[EM] Re: Utilities?
atarr at purdue.edu
Sun Sep 5 09:44:20 PDT 2004
Jobst Heitzig wrote:
>EXACTLY! Don't worry about cyclic preferences! I certaintly don't since
>I know they are no problem at all for most serios methods we discuss
>here! That's exactly my point! Don't worry what properties the
>individual preferences might have that you might dislike or consider
>silly, since those properties just don't matter at all! Exactly what I'm
>saying all the time :-)
While they don't create a problem for most methods, allowing cyclic
preferences creates significant problems for most _ballots_. This is the
key point. Is the ability to express cyclic preferences requires a massive
ballot with every pair being voted on; contrasts that to the "A, B, C, D,
F" graded ballot that is trivial to vote properly on.

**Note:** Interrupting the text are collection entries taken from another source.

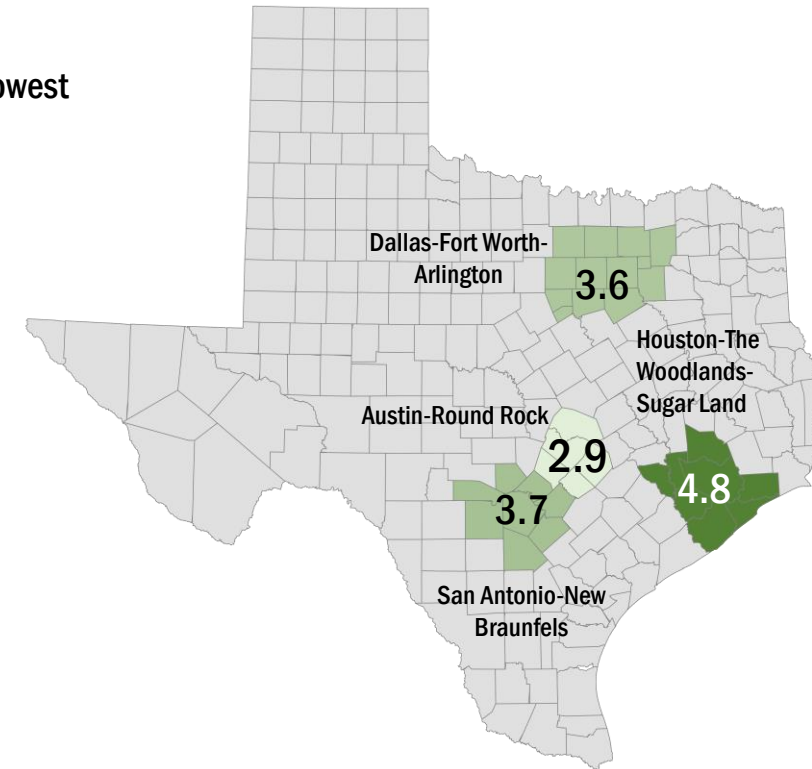

**SAN ANTONIO-NEW BRAUNFELS METRO 3.7 UNEMPLOYMENT RATE IS LOWER THAN 4.3 REPORTED FOR THE STATE AND RANKS 3<sup>rd</sup> AMONG THE LARGE METRO AREAS**

1/21/2022

Unemployment rates decreased for most counties except McMullen with no change.

Powered by Bing © GeoNames

New Braunfels and Cibolo have the lowest unemployment amongst area cities.

Powered by Bing © GeoNames, Microsoft, TomTom

Source: Texas Workforce Commission/LMCI/LAUS

The Local Area Unemployment Statistics (LAUS) program produces monthly and annual employment, unemployment, and labor force data for Census regions and divisions, States, counties, metropolitan areas, and many cities.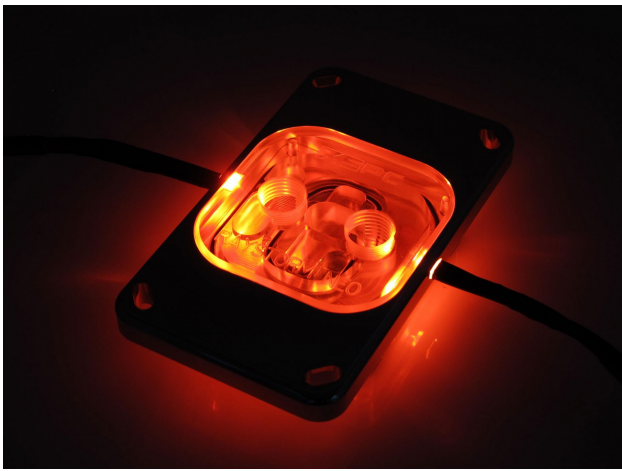

## Short Description

---

The RayStorm Neo combines the high performance of our RayStorm Pro block, with a premium new look. Each waterblock is carefully machined from pure copper and acrylic, while the hold down bracket is machined from solid aluminium. As with all XSPC products, no aluminium is used in the coolant flow path.

## Description

---

The RayStorm Neo combines the high performance of our RayStorm Pro block, with a premium new look. Each waterblock is carefully machined from pure copper and acrylic, while the hold down bracket is machined from solid aluminium. As with all XSPC products, no aluminium is used in the coolant flow path.

The RayStorm Neo offers outstanding performance, low flow restriction, RGB lighting, and thanks to our new mounting system it's easier than ever to install.

Supplied with a multi function RGB controller and two RGB LEDs.

## Specifications

---

- High performance copper base
- High quality acrylic top
- Solid aluminium bracket
- Low flow restriction
- RGB Lighting
- 2 x 2x5x5mm LED holes
- G1/4" threads
- Compatible with most compression fittings

For every voter who really wants to express cyclic preferences, who is
helped by the pairwise comparison ballot, there will be dozens who submit
spoiled ballots because they don't understand the more complicated ballot,
who mark cyclic or mistaken (for them) preferences simply because they lose
track of things, or who fail to mark preferences they truly have because
they grow confused by the ballot.
For the record, I agree with James's criticism of the logic of cyclic
preferences. I have had this argument on the list a few times - I have not
yet been convinced that personal cyclic preferences are anything but
noise. With enough thought, you can resolve the inconsistency and produce
a transitive order.
Note that the previous paragraph is NOT the main reason I oppose pairwise
comparison ballots. It's just the reason I don't feel bad about it. The
main reason I oppose pairwise comparison ballots, and support graded
ballots, is simplicity for the voter.